_Given information_
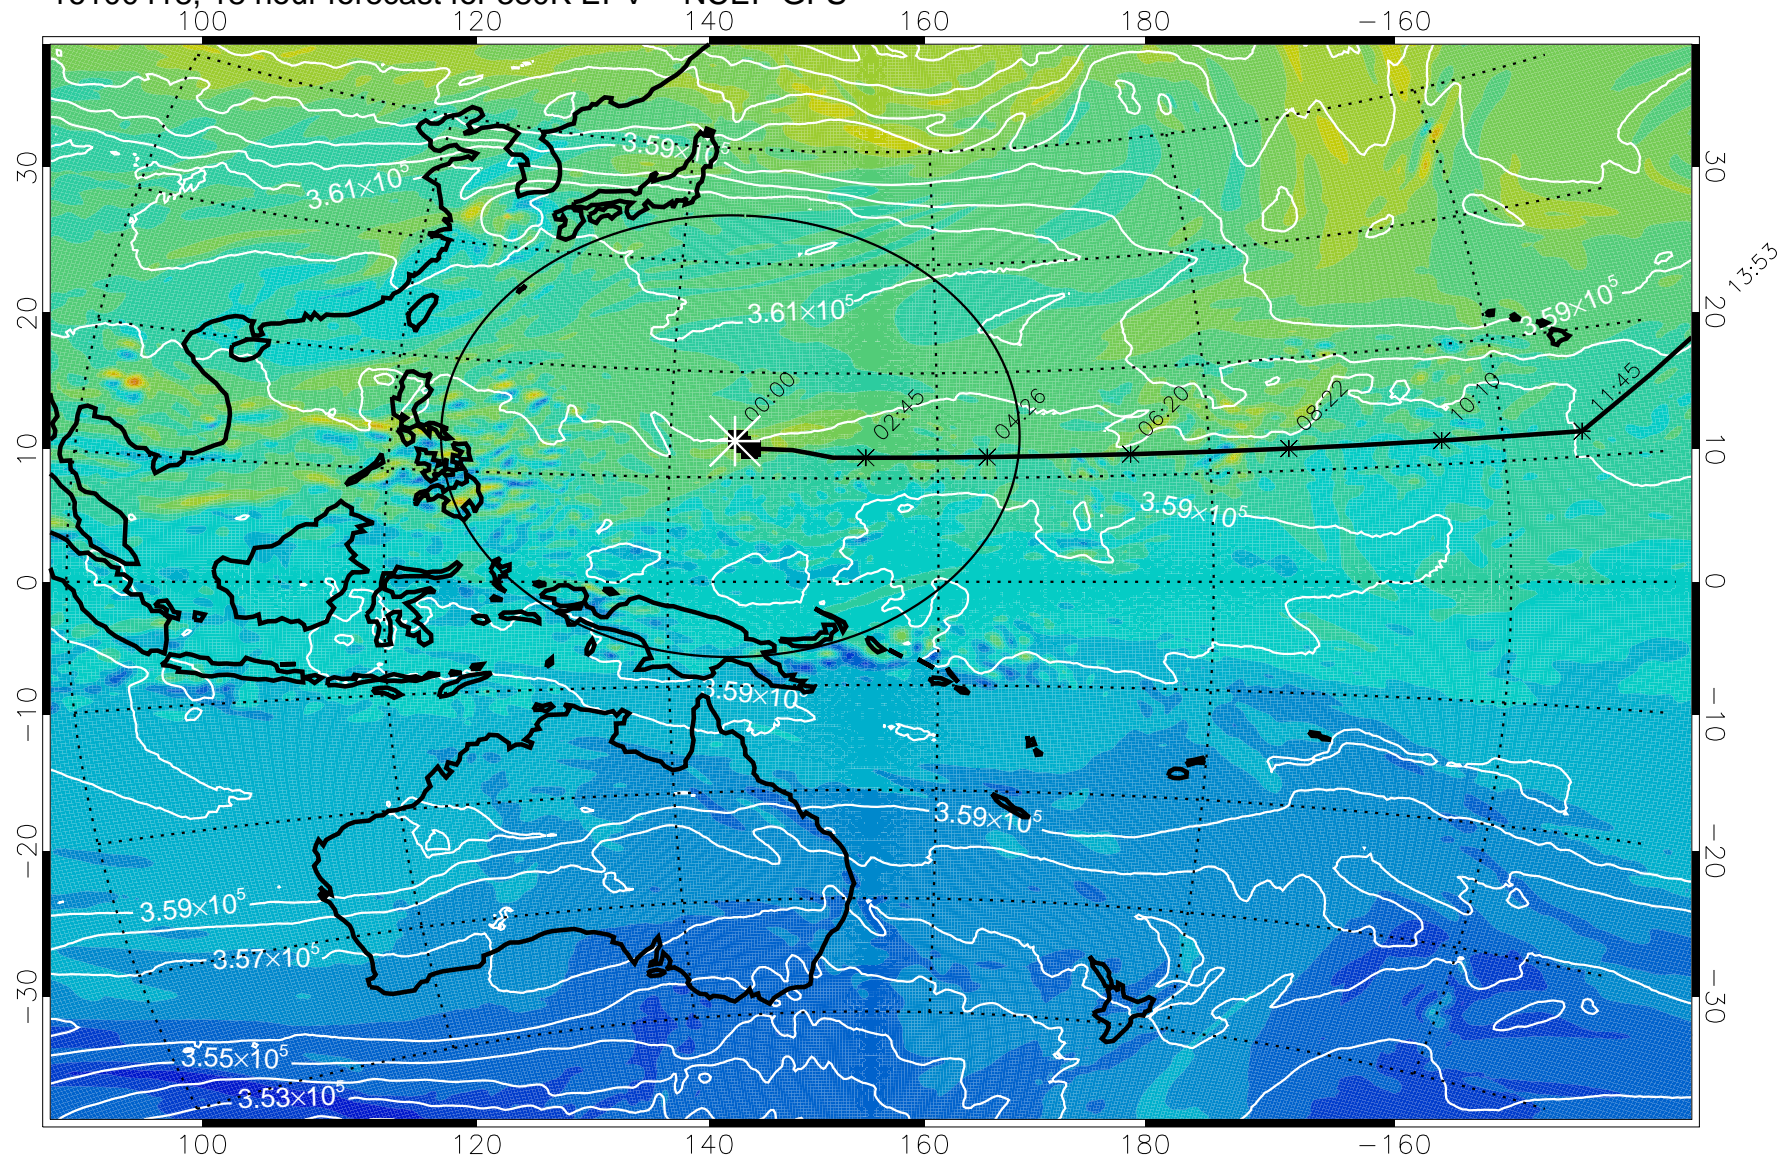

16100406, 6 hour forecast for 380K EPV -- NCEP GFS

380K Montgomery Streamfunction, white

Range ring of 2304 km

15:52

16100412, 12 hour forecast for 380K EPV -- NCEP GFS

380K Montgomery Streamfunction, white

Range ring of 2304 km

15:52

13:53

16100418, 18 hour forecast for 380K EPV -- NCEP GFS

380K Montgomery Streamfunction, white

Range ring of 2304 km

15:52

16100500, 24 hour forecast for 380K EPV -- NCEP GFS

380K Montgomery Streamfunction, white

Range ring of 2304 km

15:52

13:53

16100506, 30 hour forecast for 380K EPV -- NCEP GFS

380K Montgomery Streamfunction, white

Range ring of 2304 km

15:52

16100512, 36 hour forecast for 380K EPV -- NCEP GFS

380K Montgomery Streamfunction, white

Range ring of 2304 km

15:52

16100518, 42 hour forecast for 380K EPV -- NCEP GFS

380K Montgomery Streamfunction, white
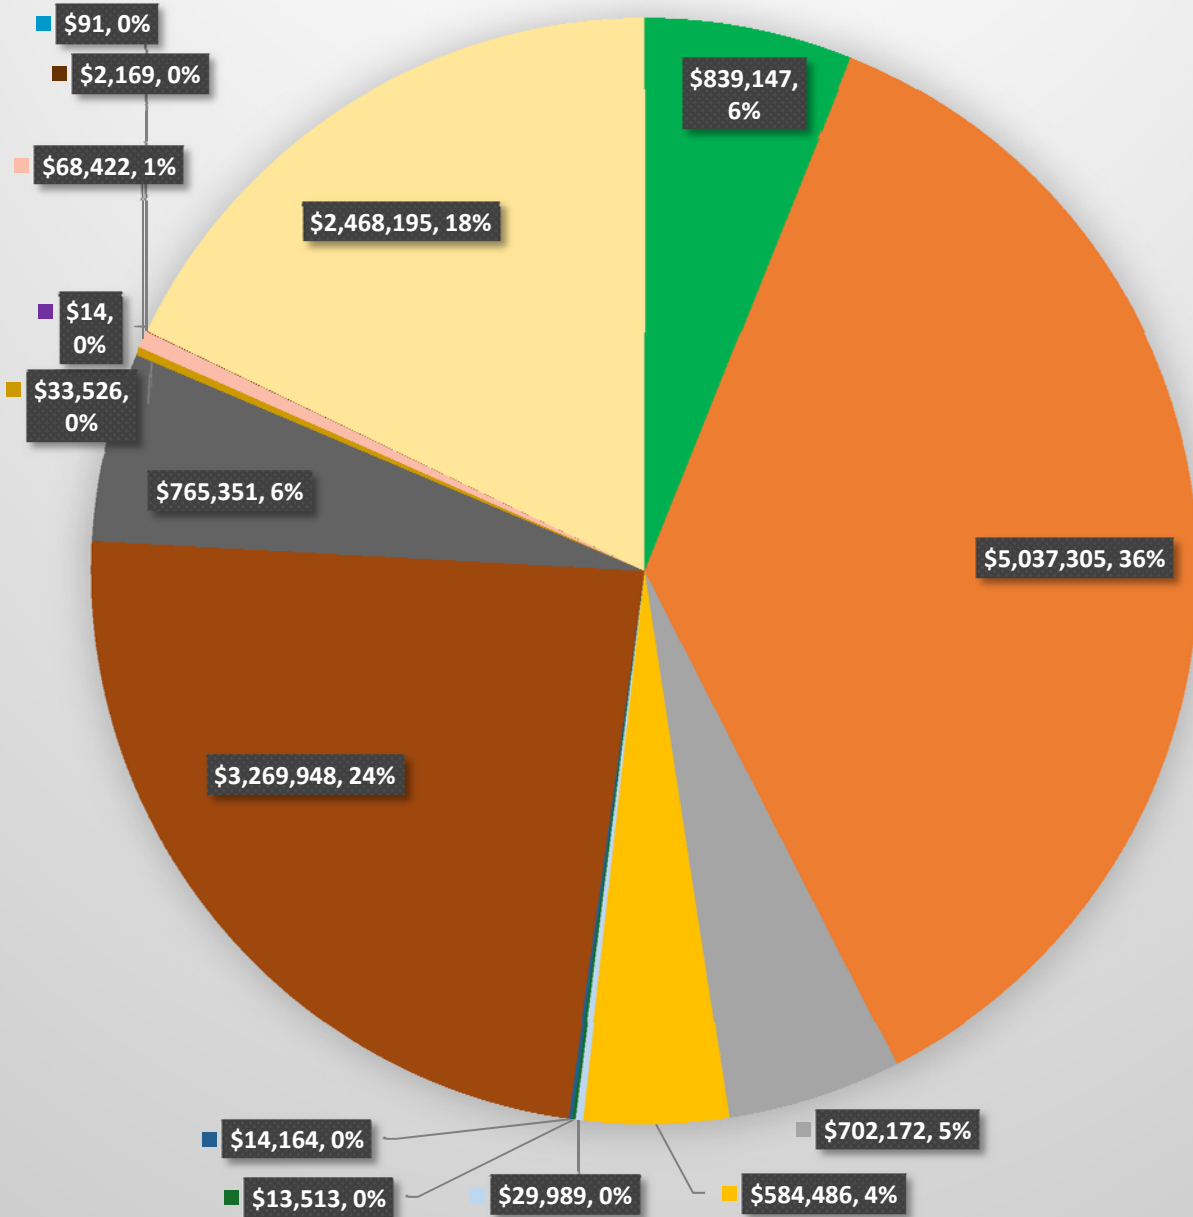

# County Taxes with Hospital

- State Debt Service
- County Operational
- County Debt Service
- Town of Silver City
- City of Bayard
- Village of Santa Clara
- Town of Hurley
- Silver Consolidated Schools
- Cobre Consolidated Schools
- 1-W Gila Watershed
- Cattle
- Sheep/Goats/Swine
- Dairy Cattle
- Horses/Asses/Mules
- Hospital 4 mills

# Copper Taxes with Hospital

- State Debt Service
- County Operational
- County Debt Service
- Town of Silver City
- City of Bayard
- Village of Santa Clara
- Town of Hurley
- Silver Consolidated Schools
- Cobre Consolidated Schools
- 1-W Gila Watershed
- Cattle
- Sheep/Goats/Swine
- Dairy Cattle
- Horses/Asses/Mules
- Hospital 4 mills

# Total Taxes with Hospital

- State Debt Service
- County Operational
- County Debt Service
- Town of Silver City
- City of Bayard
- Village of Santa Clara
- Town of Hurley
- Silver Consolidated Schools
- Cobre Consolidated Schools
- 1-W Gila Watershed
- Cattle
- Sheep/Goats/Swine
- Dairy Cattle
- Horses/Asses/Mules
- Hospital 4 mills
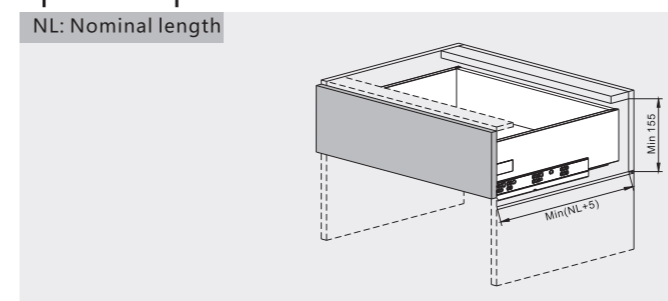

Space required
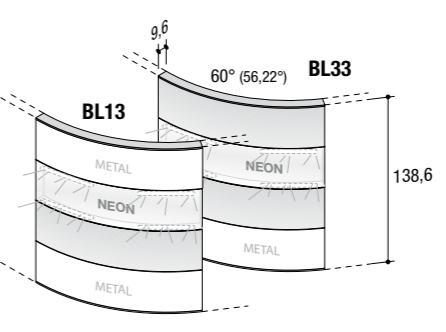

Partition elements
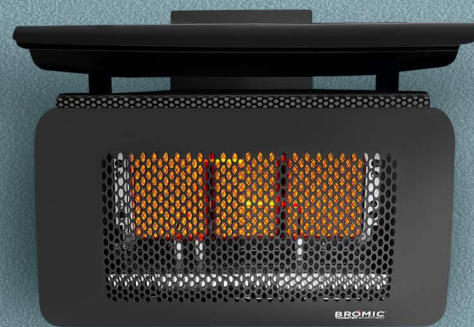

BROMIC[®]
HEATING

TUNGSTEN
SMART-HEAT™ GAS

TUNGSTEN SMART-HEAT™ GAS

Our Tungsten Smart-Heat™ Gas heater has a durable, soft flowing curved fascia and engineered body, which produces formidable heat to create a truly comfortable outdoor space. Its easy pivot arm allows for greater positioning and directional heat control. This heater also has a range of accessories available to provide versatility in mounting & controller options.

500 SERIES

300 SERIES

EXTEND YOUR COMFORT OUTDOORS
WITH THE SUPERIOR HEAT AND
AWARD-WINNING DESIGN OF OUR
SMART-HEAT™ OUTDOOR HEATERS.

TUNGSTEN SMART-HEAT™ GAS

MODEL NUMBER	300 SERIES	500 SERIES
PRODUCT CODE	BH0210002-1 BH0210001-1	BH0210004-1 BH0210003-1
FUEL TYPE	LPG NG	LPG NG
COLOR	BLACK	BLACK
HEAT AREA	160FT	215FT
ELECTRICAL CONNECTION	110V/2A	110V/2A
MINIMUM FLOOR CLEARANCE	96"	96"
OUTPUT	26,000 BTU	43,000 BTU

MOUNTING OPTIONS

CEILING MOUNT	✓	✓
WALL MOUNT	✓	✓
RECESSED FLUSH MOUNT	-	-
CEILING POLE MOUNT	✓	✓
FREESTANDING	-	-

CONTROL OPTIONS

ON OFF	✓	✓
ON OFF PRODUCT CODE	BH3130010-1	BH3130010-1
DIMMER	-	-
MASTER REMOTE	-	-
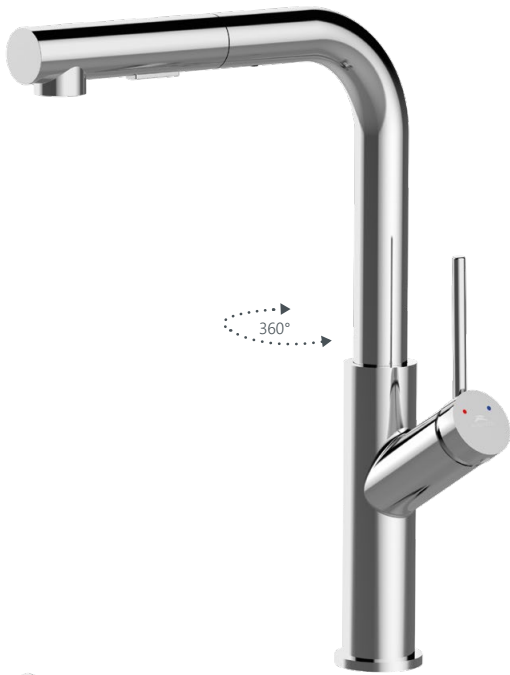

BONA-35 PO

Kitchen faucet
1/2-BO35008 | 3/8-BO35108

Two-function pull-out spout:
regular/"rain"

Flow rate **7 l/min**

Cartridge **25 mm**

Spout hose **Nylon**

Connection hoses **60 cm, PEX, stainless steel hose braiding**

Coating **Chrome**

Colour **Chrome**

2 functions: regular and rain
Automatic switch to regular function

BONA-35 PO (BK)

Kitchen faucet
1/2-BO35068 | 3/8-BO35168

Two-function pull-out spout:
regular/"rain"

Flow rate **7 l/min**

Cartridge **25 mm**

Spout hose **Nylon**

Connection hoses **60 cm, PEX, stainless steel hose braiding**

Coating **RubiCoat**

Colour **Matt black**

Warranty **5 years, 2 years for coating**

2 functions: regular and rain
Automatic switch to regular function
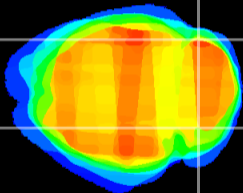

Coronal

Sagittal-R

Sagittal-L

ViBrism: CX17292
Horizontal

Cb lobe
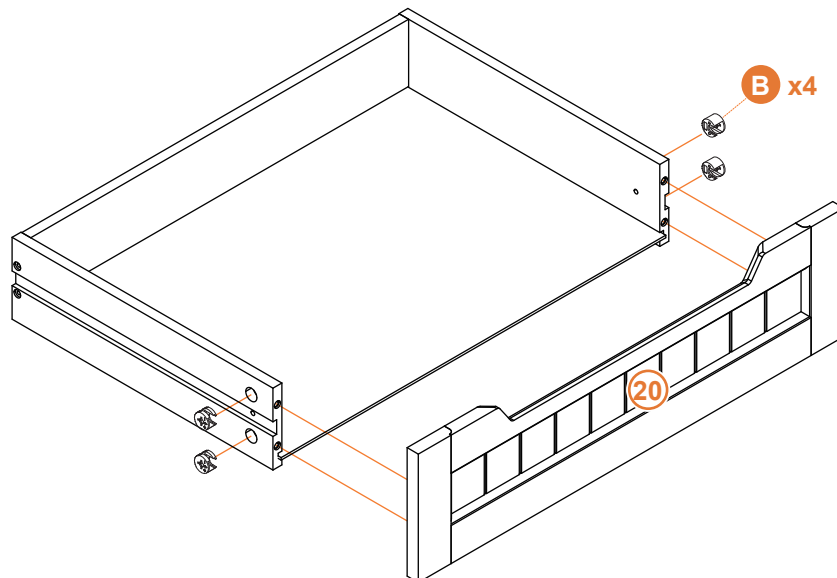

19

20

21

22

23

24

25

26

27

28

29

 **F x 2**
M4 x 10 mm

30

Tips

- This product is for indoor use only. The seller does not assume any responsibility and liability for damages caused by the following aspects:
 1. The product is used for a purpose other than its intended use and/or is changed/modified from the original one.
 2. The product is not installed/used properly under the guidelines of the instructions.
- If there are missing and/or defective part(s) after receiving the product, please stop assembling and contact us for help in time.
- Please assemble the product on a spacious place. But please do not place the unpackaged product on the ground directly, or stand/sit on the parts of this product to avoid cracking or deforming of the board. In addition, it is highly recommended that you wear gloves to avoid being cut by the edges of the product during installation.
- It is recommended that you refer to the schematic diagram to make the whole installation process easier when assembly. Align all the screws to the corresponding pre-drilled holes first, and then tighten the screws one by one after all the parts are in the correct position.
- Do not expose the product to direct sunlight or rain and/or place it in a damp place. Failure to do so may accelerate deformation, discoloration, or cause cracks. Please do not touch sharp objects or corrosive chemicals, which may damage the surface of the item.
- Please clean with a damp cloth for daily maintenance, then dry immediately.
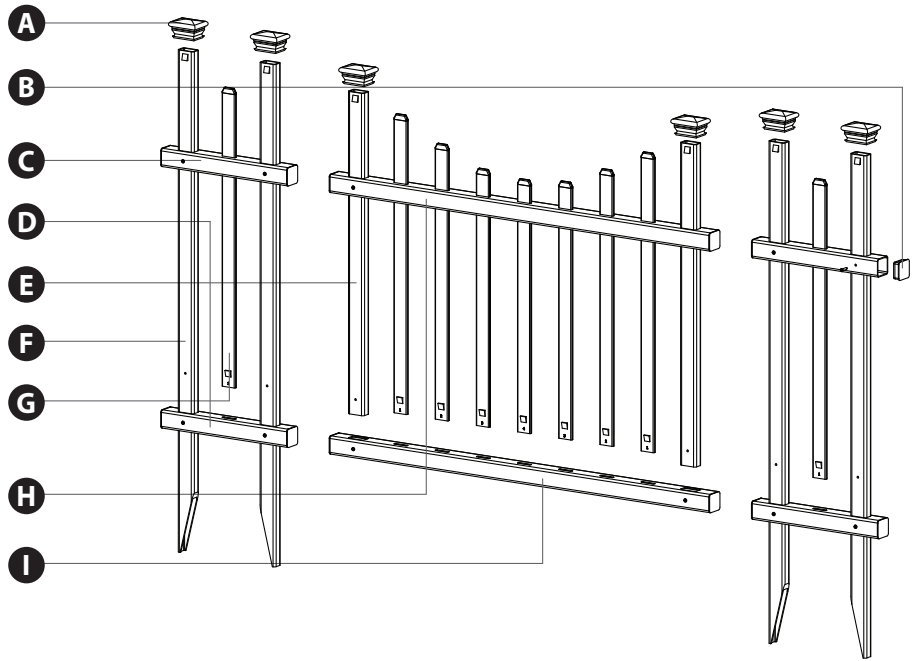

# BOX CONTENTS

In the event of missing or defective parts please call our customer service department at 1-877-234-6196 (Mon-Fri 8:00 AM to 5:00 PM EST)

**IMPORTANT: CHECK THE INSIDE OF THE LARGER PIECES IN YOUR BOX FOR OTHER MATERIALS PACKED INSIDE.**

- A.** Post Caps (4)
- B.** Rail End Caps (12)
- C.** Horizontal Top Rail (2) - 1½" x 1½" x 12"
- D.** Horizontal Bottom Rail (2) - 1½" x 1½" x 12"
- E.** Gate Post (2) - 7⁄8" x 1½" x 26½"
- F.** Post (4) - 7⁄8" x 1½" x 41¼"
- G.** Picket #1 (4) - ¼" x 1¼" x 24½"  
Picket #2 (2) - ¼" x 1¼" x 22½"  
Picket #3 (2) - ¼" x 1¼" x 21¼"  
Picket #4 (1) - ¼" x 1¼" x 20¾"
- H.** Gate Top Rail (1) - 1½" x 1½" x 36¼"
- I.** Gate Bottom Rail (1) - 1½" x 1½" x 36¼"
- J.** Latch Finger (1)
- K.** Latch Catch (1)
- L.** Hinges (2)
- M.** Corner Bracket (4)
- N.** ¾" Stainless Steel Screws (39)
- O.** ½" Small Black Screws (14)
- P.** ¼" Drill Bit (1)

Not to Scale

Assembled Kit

_Exercise description_
An exact reproduction of the data above is required, with every picture removed.

_Exercise solution_
16100406, 6 hour forecast for 380K EPV -- NCEP GFS

380K Montgomery Streamfunction, white

Range ring of 2304 km

15:52

16100412, 12 hour forecast for 380K EPV -- NCEP GFS

380K Montgomery Streamfunction, white

Range ring of 2304 km

15:52

13:53

16100418, 18 hour forecast for 380K EPV -- NCEP GFS

380K Montgomery Streamfunction, white

Range ring of 2304 km

15:52

16100500, 24 hour forecast for 380K EPV -- NCEP GFS

380K Montgomery Streamfunction, white

Range ring of 2304 km

15:52

13:53

16100506, 30 hour forecast for 380K EPV -- NCEP GFS

380K Montgomery Streamfunction, white

Range ring of 2304 km

15:52

16100512, 36 hour forecast for 380K EPV -- NCEP GFS

380K Montgomery Streamfunction, white

Range ring of 2304 km

15:52

16100518, 42 hour forecast for 380K EPV -- NCEP GFS

380K Montgomery Streamfunction, white

# County Taxes with Hospital

- State Debt Service
- County Operational
- County Debt Service
- Town of Silver City
- City of Bayard
- Village of Santa Clara
- Town of Hurley
- Silver Consolidated Schools
- Cobre Consolidated Schools
- 1-W Gila Watershed
- Cattle
- Sheep/Goats/Swine
- Dairy Cattle
- Horses/Asses/Mules
- Hospital 4 mills

# Copper Taxes with Hospital

- State Debt Service
- County Operational
- County Debt Service
- Town of Silver City
- City of Bayard
- Village of Santa Clara
- Town of Hurley
- Silver Consolidated Schools
- Cobre Consolidated Schools
- 1-W Gila Watershed
- Cattle
- Sheep/Goats/Swine
- Dairy Cattle
- Horses/Asses/Mules
- Hospital 4 mills

# Total Taxes with Hospital

- State Debt Service
- County Operational
- County Debt Service
- Town of Silver City
- City of Bayard
- Village of Santa Clara
- Town of Hurley
- Silver Consolidated Schools
- Cobre Consolidated Schools
- 1-W Gila Watershed
- Cattle
- Sheep/Goats/Swine
- Dairy Cattle
- Horses/Asses/Mules
- Hospital 4 mills

Space required

Partition elements

BROMIC[®]
HEATING

TUNGSTEN
SMART-HEAT™ GAS

TUNGSTEN SMART-HEAT™ GAS

Our Tungsten Smart-Heat™ Gas heater has a durable, soft flowing curved fascia and engineered body, which produces formidable heat to create a truly comfortable outdoor space. Its easy pivot arm allows for greater positioning and directional heat control. This heater also has a range of accessories available to provide versatility in mounting & controller options.

500 SERIES

300 SERIES

EXTEND YOUR COMFORT OUTDOORS
WITH THE SUPERIOR HEAT AND
AWARD-WINNING DESIGN OF OUR
SMART-HEAT™ OUTDOOR HEATERS.

TUNGSTEN SMART-HEAT™ GAS

MODEL NUMBER	300 SERIES	500 SERIES
PRODUCT CODE	BH0210002-1 BH0210001-1	BH0210004-1 BH0210003-1
FUEL TYPE	LPG NG	LPG NG
COLOR	BLACK	BLACK
HEAT AREA	160FT	215FT
ELECTRICAL CONNECTION	110V/2A	110V/2A
MINIMUM FLOOR CLEARANCE	96"	96"
OUTPUT	26,000 BTU	43,000 BTU

MOUNTING OPTIONS

CEILING MOUNT	✓	✓
WALL MOUNT	✓	✓
RECESSED FLUSH MOUNT	-	-
CEILING POLE MOUNT	✓	✓
FREESTANDING	-	-

CONTROL OPTIONS

ON OFF	✓	✓
ON OFF PRODUCT CODE	BH3130010-1	BH3130010-1
DIMMER	-	-
MASTER REMOTE	-	-

BONA-35 PO

Kitchen faucet
1/2-BO35008 | 3/8-BO35108

Two-function pull-out spout:
regular/"rain"

Flow rate **7 l/min**

Cartridge **25 mm**

Spout hose **Nylon**

Connection hoses **60 cm, PEX, stainless steel hose braiding**

Coating **Chrome**

Colour **Chrome**

2 functions: regular and rain
Automatic switch to regular function

BONA-35 PO (BK)

Kitchen faucet
1/2-BO35068 | 3/8-BO35168

Two-function pull-out spout:
regular/"rain"

Flow rate **7 l/min**

Cartridge **25 mm**

Spout hose **Nylon**

Connection hoses **60 cm, PEX, stainless steel hose braiding**

Coating **RubiCoat**

Colour **Matt black**

Warranty **5 years, 2 years for coating**

2 functions: regular and rain
Automatic switch to regular function

Coronal

Sagittal-R

Sagittal-L

ViBrism: CX17292
Horizontal

Cb lobe

19

20

21

22

23

24

25

26

27

28

29

 **F x 2**
M4 x 10 mm

30

Tips

- This product is for indoor use only. The seller does not assume any responsibility and liability for damages caused by the following aspects:
 1. The product is used for a purpose other than its intended use and/or is changed/modified from the original one.
 2. The product is not installed/used properly under the guidelines of the instructions.
- If there are missing and/or defective part(s) after receiving the product, please stop assembling and contact us for help in time.
- Please assemble the product on a spacious place. But please do not place the unpackaged product on the ground directly, or stand/sit on the parts of this product to avoid cracking or deforming of the board. In addition, it is highly recommended that you wear gloves to avoid being cut by the edges of the product during installation.
- It is recommended that you refer to the schematic diagram to make the whole installation process easier when assembly. Align all the screws to the corresponding pre-drilled holes first, and then tighten the screws one by one after all the parts are in the correct position.
- Do not expose the product to direct sunlight or rain and/or place it in a damp place. Failure to do so may accelerate deformation, discoloration, or cause cracks. Please do not touch sharp objects or corrosive chemicals, which may damage the surface of the item.
- Please clean with a damp cloth for daily maintenance, then dry immediately.

# BOX CONTENTS

In the event of missing or defective parts please call our customer service department at 1-877-234-6196 (Mon-Fri 8:00 AM to 5:00 PM EST)

**IMPORTANT: CHECK THE INSIDE OF THE LARGER PIECES IN YOUR BOX FOR OTHER MATERIALS PACKED INSIDE.**

- A.** Post Caps (4)
- B.** Rail End Caps (12)
- C.** Horizontal Top Rail (2) - 1½" x 1½" x 12"
- D.** Horizontal Bottom Rail (2) - 1½" x 1½" x 12"
- E.** Gate Post (2) - 7⁄8" x 1½" x 26½"
- F.** Post (4) - 7⁄8" x 1½" x 41¼"
- G.** Picket #1 (4) - ¼" x 1¼" x 24½"  
Picket #2 (2) - ¼" x 1¼" x 22½"  
Picket #3 (2) - ¼" x 1¼" x 21¼"  
Picket #4 (1) - ¼" x 1¼" x 20¾"
- H.** Gate Top Rail (1) - 1½" x 1½" x 36¼"
- I.** Gate Bottom Rail (1) - 1½" x 1½" x 36¼"
- J.** Latch Finger (1)
- K.** Latch Catch (1)
- L.** Hinges (2)
- M.** Corner Bracket (4)
- N.** ¾" Stainless Steel Screws (39)
- O.** ½" Small Black Screws (14)
- P.** ¼" Drill Bit (1)

Not to Scale

Assembled Kit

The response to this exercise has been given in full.